While speakers at the conference are primarily scientists, including Nobel laureates Jim Peebles, Sir Roger Penrose and Kip Thorne, those behind the institute come from less likely fields.
The Quantum Gravity Society represents a group of business, technology and community leaders. Founding members include Frank Giustra of Fiore Group, Terry Hui of Concord Pacific, Paul Lee and Moe Kermani of Vanedge Capital and Markus Frind of Frind Estate Winery. They are joined by physicists Penrose, Abhay Ashtekar, Philip Stamp, Bill Unruh and Birgitta Whaley.
Hui, who studied physics as part of his undergraduate degree, said organizing the conference and launching the institute felt like fulfilling a childhood dream.
Hui said he wanted to help and saw his role as philanthropic, adding he believed it would benefit Vancouver economically.
As a non-local and the founder of the Black Hole Initiative at Harvard, Galison said he’s happy to see more interdisciplinary support for exploring some of the biggest questions in science.
He called the conference an interesting event for bringing together people in technology and venture capitalism with scientists from varied fields.
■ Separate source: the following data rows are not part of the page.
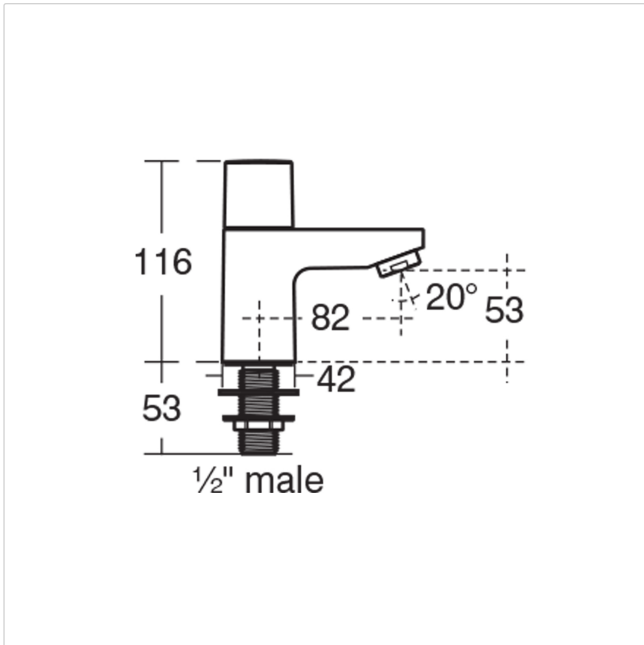

Frequently used applications

Hotels

Public Building

Office

Residential

Accreditations

TMV3

TMV2

Tel: 0870 122 8822
Fax: 0870 122 8282
Email: info@idealspec.co.uk
Web: www.idealspec.co.uk

Date created:03/06/2014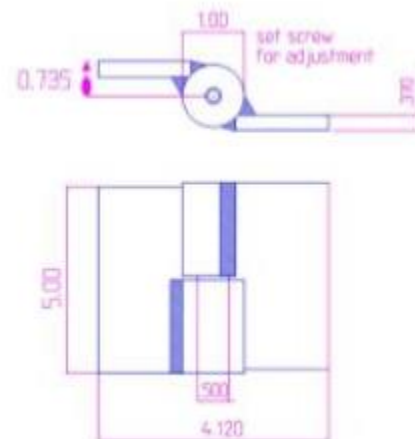

## 5" x 4 1/8 " Stainless Steel Half Mortise Hinges

Model Number: 2500RH-304 Half Mortise

Price: £ 365

- Application: Half Mortise
- Type: Right-Hand
- Material Type: 304L Stainless Steel
- Maximum Door Weight: 1,000 lbs.
- Maximum Radial Load: 400 lbs.
- Mount: Weld-On or Bolt-On
- Approximate Width: 4 1/8"
- Height: 5"
- Weight: 4 lbs.
- Bearing Type: Needle & Thrust Bearings
- Finish: Plain
- Service: Heavy Duty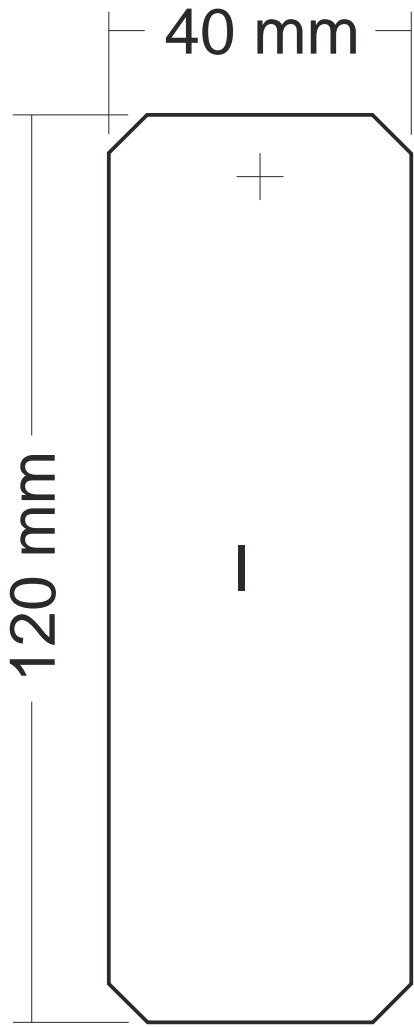

VAL WILSON LEATHERGOODS

Shalimar - Down Barton Road - St Nicholas at Wade - Birchington - Kent - CT7 0PY
Tel. 01843-842142 - Fax 01843-852826 - Email: sales@vwleathergoods.co.uk

The launch of the institute is also meaningful, he said.
“It’s also a kickoff event for something much bigger and longer-lasting.”
As for the central question of the conference, Galison said it’s an opportunity to explore where the theories overlap and where they don’t from different angles.
“One place they intersect is clearly at the beginning of the universe, early cosmology, because when energy is incredibly compressed, when you have enormous energy densities, you’re at the limit where the bending of space and time creates so much energy that quantum effects come into play,” he said.
The theory of quantum mechanics, introduced in the 1920s, entered a world already shaken by Albert Einstein’s theory of relativity, which inspired responses not just from scientists but from poets and philosophers, he said.
“That these things are not compatible is really unnerving,” Galison said.
Cracking the code for why isn’t something that will happen in a moment, a week or a year, he said.
“There’s a tremendous amount of work,” he said. “It’s more like building a cathedral than throwing up a bicycle shed.”